■ About this task: When "with" occurs in a line of the material, copy that line.

■ Record set:
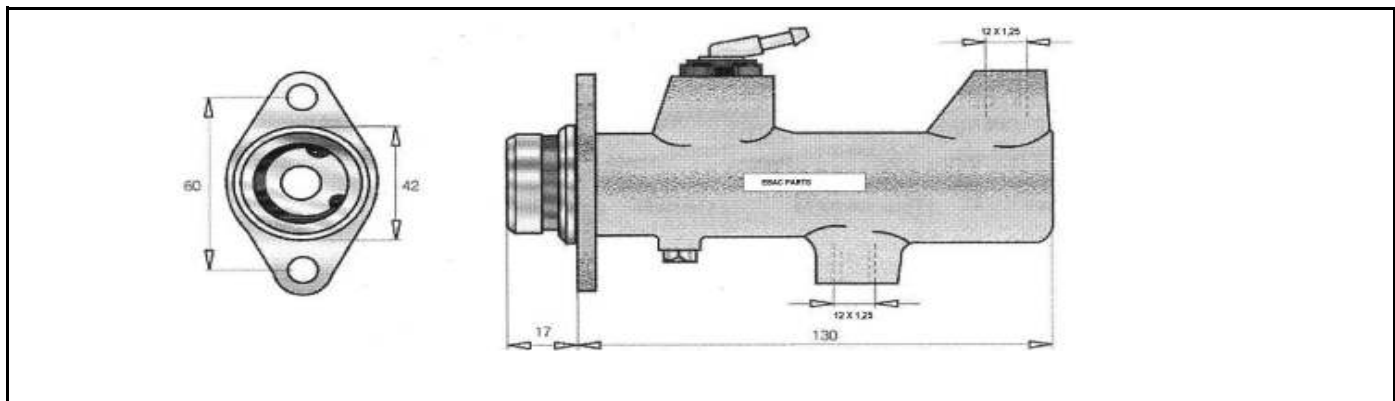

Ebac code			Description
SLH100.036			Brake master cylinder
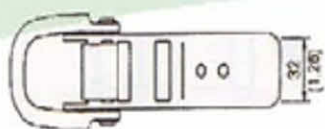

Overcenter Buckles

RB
* * *
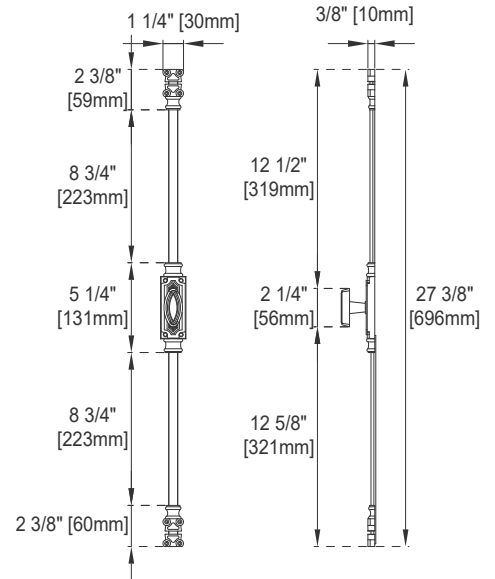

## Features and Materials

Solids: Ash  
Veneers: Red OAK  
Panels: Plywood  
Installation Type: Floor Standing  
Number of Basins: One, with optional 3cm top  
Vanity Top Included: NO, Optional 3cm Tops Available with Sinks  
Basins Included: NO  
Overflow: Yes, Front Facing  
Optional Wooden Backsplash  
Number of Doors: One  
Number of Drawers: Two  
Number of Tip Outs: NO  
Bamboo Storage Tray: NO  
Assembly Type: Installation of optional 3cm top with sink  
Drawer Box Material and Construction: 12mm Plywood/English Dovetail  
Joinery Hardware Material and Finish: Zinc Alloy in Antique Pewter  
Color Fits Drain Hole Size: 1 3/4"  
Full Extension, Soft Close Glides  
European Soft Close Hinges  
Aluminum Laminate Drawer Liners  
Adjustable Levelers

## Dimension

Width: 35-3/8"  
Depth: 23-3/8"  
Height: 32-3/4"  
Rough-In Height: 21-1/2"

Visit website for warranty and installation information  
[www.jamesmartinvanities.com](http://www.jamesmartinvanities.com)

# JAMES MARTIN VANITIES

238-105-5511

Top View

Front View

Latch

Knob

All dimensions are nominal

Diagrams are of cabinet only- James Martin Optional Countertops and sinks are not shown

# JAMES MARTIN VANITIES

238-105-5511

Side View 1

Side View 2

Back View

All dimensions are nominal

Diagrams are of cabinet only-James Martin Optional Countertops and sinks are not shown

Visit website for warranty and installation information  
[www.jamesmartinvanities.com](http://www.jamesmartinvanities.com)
...
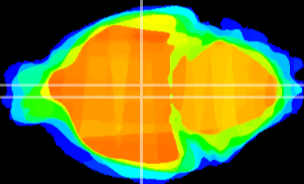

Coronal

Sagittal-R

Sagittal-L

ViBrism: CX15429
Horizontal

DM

■ Solved problem:
Number of Basins: One, with optional 3cm top  
Vanity Top Included: NO, Optional 3cm Tops Available with Sinks  
Assembly Type: Installation of optional 3cm top with sink  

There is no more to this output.